Living at the bottom of the heap…

The recently released Clear Capital (www.clearcapital.com) monthly Home Data Index™ (HDI) Market Report reported on the hottest real estate markets and the worst in the U.S. I guess I wasn’t expecting the Detroit area to be in the first bracket, but I also wasn’t thinking that we’d be the worst – the market that continues to have the highest devaluation of homes in America – but there we were.


Now, the Clear Capitol report defines the Detroit area market as Detroit, Livonia and Warren, so I guess there’s some wiggle room for me to say, “Yeah, but that’s not Milford.” But the point of the report is that our whole area continues to suffer home value declines. In the report the Detroit metro area is shown as suffering a 13.2% Quart over Quarter drop and a 12.6% Year over Year drop compared to 2010. The report also shows what they call the REO saturation point (the % of homes sold that are foreclosures) as 58% - the highest rate on the charts.


The report continues: Midwest markets of Detroit, Cleveland and Columbus continue to be hit particularly hard, posting three of the largest quarterly price declines. The nationwide uptick in distressed home prices were absent in these three markets.

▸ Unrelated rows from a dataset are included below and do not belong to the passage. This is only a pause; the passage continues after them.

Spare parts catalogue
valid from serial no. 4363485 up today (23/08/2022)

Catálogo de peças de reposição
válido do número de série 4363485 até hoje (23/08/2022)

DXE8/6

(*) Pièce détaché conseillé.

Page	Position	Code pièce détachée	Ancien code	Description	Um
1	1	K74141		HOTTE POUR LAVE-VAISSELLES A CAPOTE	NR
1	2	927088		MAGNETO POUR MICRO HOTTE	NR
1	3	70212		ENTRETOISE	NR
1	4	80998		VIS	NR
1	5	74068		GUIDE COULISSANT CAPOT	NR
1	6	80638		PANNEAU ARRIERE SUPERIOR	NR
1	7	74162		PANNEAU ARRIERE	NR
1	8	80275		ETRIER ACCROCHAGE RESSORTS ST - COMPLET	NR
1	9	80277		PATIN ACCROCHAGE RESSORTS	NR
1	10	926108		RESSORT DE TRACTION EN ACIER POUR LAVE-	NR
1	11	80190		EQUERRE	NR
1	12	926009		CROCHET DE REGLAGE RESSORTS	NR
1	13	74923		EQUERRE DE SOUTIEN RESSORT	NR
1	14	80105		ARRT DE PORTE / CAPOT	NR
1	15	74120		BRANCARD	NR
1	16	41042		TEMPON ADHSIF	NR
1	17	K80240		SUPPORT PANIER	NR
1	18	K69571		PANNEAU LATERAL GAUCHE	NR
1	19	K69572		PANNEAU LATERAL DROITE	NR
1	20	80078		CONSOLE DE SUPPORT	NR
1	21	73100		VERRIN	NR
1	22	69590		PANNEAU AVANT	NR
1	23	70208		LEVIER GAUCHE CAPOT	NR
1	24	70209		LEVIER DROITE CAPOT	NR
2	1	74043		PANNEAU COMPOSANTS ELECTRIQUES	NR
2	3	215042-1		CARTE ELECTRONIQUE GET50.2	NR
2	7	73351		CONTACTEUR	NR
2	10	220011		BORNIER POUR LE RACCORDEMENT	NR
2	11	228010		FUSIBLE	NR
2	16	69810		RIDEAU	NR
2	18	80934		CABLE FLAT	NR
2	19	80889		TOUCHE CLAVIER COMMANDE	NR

REO saturation rates well above 40 and 50 percent (Detroit, 58.0%; Cleveland, 44.3%; Columbus, 45.6%) pushed these markets to double-digit quarter-over-quarter home price declines.

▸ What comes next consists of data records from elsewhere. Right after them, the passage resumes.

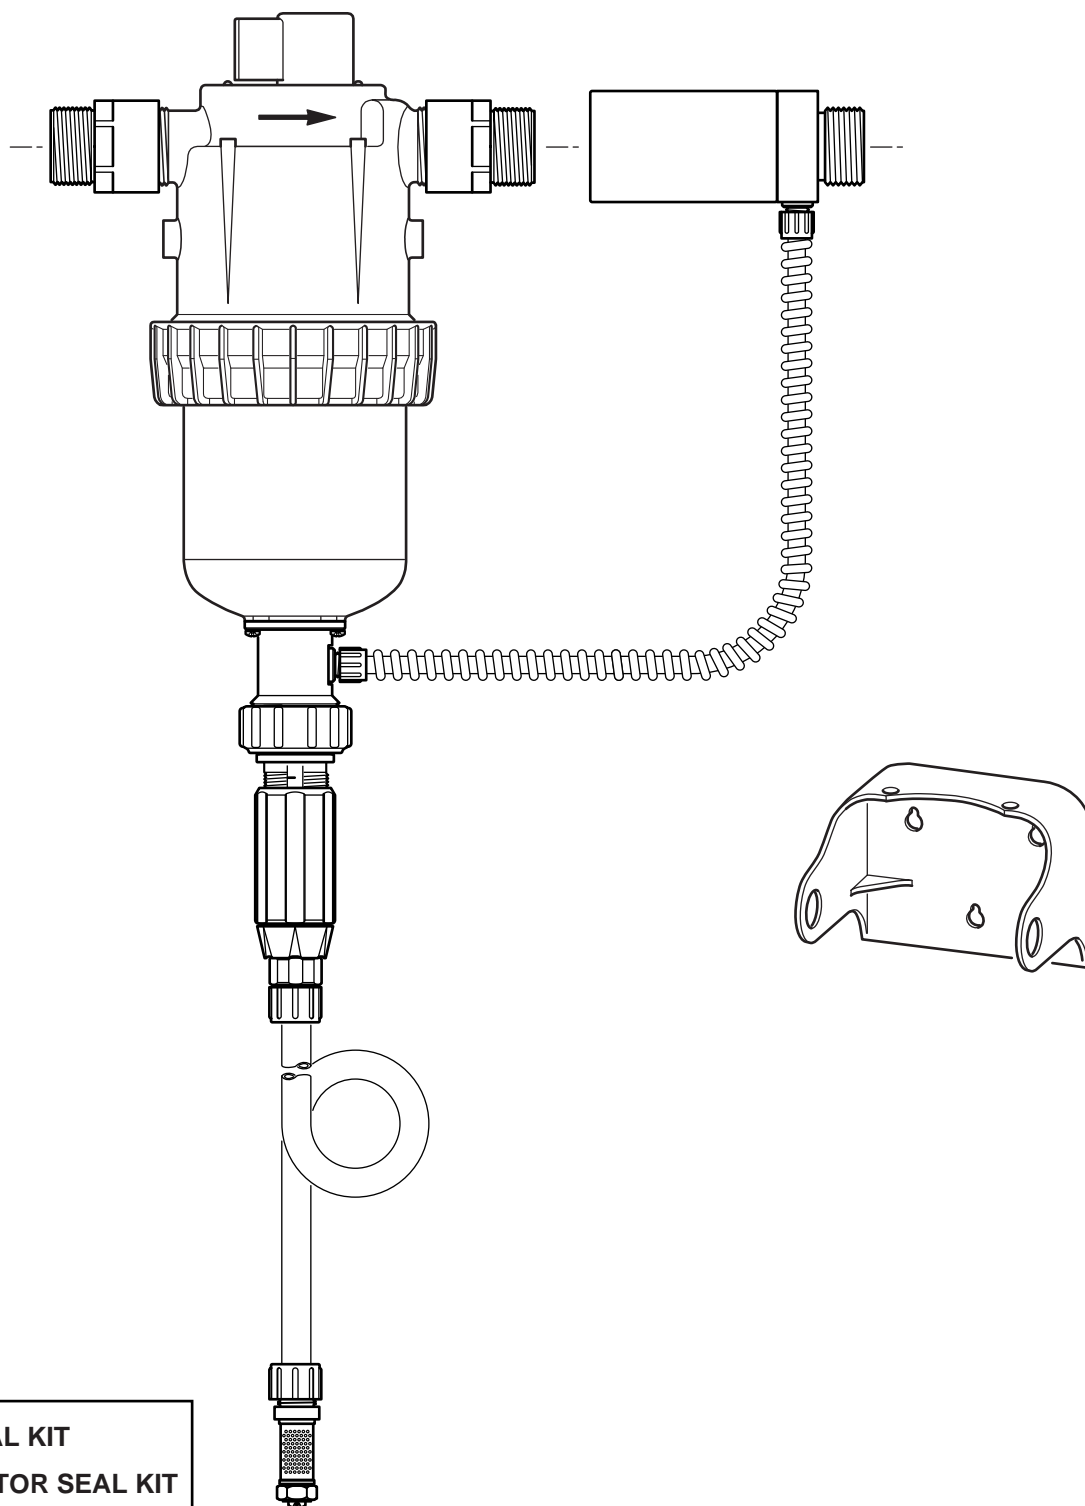

# D45RE1.5-IE

4.5 m<sup>3</sup>/h - 0.2 - 1.5%  
20 GPM - 1:500 - 1:67  
0.5 - 5 bar  
7 - 70 psi

ED035- SEAL KIT  
EM003- MOTOR SEAL KIT

# D45RE1.5-IE

4.5 m<sup>3</sup>/h - 0.2 - 1.5%  
 20 GPM - 1:500 - 1:67  
 0.5 - 5 bar  
 7 - 70 psi

My own data out in my little market area tends to agree with the saturation percentage, at least in some of the markets that I cover. So far in June, the Highland market is running at 70% distressed sales (I define distressed as foreclosures and short sales, the majority of which are foreclosures right now). Milford is at 60% so far, with Commerce Township running at 50%, West Bloomfield at 48% and White Lake at 46%. However, the median sold values charts in most of those areas show an increase the last couple of months, which says that more expensive distressed homes are selling now.


The report talks of an average forecast value loss in the midsection of the country of about 8% for this year, as compared to double digit losses in the past and I think I can agree with that figure. We seem to be losing value at a slower rate this year. The bleeding hasn’t stopped, but it has slowed. Of course that could be that we’re running out of blood, too.

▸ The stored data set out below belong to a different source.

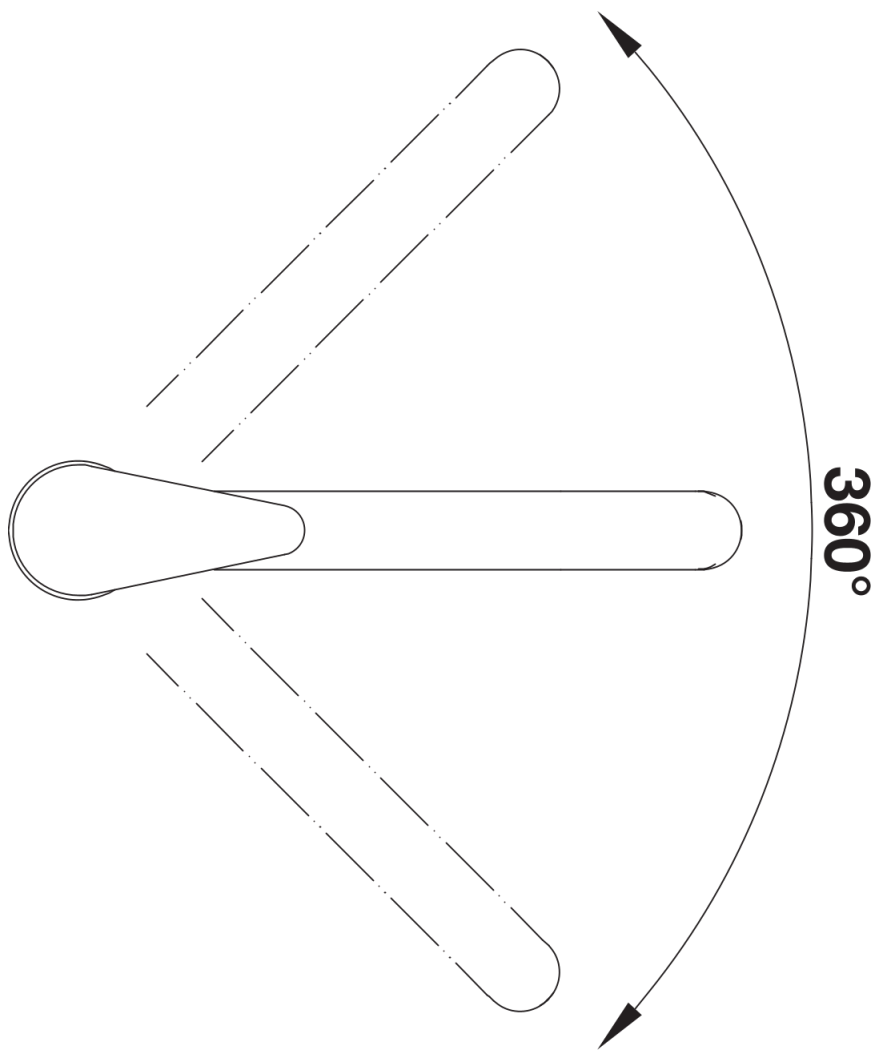

Datový list produktu DARAS

Č. pol. 526934

Přednost

- Nadčasově klasická kuchyňská baterie
- Vysoké, dlouhé raménko
- Základní model
- Vhodná pro malé dřezy
- Rozšířený akční rádius díky vysokému raménku otočnému o 360°
- Barevné provedení pro dokonalé sladění s barevnými dřezy a vaničkami z materiálu SILGRANIT

Obsah dodávky

- Otočné raménko o 360°
- Je zapotřebí otvor o Ø 35 mm
- Kartuš s keramickým těsněním
- Pružné připojovací hadice o délce 500 mm a s 3/8" maticí pro mimořádně snadnou a bezpečnou montáž
- Certifikace LGA

Detaily

Rozsah otáčení

Pohled ze strany
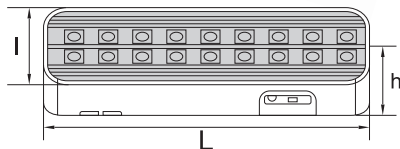

EXIT LED

ISMIA 27

ISMIA 24

ISMIA 18

Nume	Cod	Model	P ₍₀₎	Sursă	Acumulator	Timp de încărcare	Auto-nomie	Tip	IP	Dimensiuni L x l x h	Stocabil
unitate de măsură			W	Nr leduri		ore	ore			mm	
Ismia 27	EL0029717	TG-4105.30027	0.1	27	3.6V 1.8Ah	24	3	perm.	65	355 x 110 x 55	✓
Ismia 24	EL0024058	TG-4105.03024	0.1	24	2 x 4V 0.9Ah	12-16	4	neperm.	40	327 x 76 x 49	✓
Ismia 24	EL0031641	TG-4105.35024	0.1	24	2 x 4V 0.9Ah	12-16	4	perm.	40	327 x 76 x 49	✓
Ismia 18	EL0024057	TG-4105.02018	0.1	18	2 x 4V 0.8Ah	16-18	3,5	neperm.	40	248 x 78 x 50	✓
Ismia 18	EL0031640	TG-4105.34018	0.1	18	2 x 4V 0.8Ah	16-18	3,5	perm.	40	248 x 78 x 50	✓

Led: SMD

Ambalaj: individual

Prevăzut cu etichetă: EXIT

Alte etichete disponibile: HIDRANT, STÂNGA, DREAPTA, SUS, JOS

Informații logistice:

vezi indexul de la sfârșitul catalogului
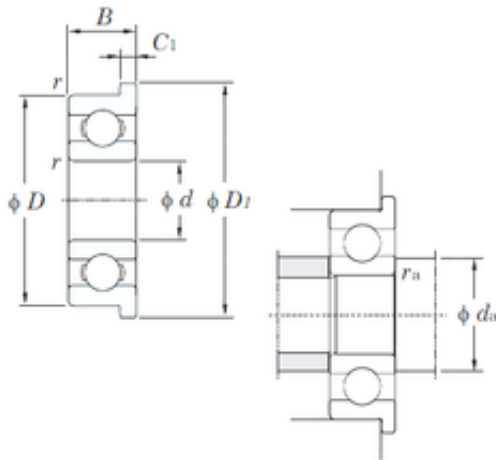

## Wuxi NSB Transmission Technology Co.,...

6 mm x 13 mm x 3,5 mm KOYO F686 deep groove ball bearings

Bearing No. F686

F686 Bearing 2D drawings and 3D CAD models

Size	6x13x3.5 mm
Bore Diameter	6 mm
Outer Diameter	13 mm
Width	3,5 mm
d	6 mm
D	13 mm
B	3,5 mm
C	3,5 mm
r min.	0,15 mm
r1 min.	0,15 mm
C1	1 mm
D1	15 mm
D2	15 mm
ba min.	7,2 mm
ra max.	0,15 mm
C2	1,1 mm
Weight	0,0021 Kg
Basic dynamic load rating (C)	1,1 kN
Basic static load rating (C0)	0,44 kN
(Grease) Lubrication Speed	48000 r/min
(Oil) Lubrication Speed	57000 r/min
Bearing No.	F686
r(min)	0.15
Cr	1.35
C0r	0.44

## Wuxi NSB Transmission Technology Co.,...

Cu	0.010
f0	13.7
Grease lub.	48000
Oil lub.	57000
da(min)	7.2
ra(max)	0.15
(Refer.) Mass(g)	2.1
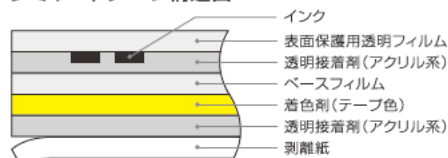

ラミネートテープ構造図

印字面を透明フィルムがしっかりガード。

カンタン自在に! パソコンでレイアウト

オリジナルラベルも、カンタンに美しく!
付属のPCソフト「P-touch Editor」で自在にレイアウト。

- 多彩なフォーマット152種搭載
- データベースリンク機能
mdb、xls、csv、txt形式のデータとレイアウトをリンクさせて可変情報の差込印刷が可能。
すでにある製品リストや台帳を活用してラベル作成ができます。
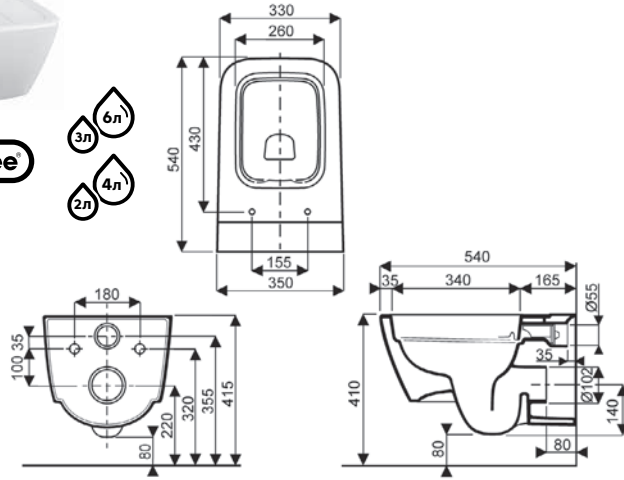

Модель №

Цена
грн с НДС

Вес
кг

Количество
шт./паллета

M23120000

9666

21,0

16

M23120900

10320

21,0

16

Сиденье из материала Duroplast,
петли металлические, крепление сверху

Сиденья упакованы в картонные коробки по 5 шт.

M20111000

2760

-

10К

Сиденье soft-close

из материала Duroplast, петли
металлические, крепление сверху

Сиденья упакованы в картонные коробки по 5 шт.

M20112000

3315

-

10К

The report doesn’t try to explain the root causes of the continued decline other than some generalities about the auto industry problems and continued high unemployment rates in the rust-belt states. I’d certainly add that FUD (Fear, Uncertainty and Doubt) still reins in Michigan, even with Captain Sunshine as governor.


So here we are again – worst in the nation, again. At least we have no where else to go but up, once we stop falling.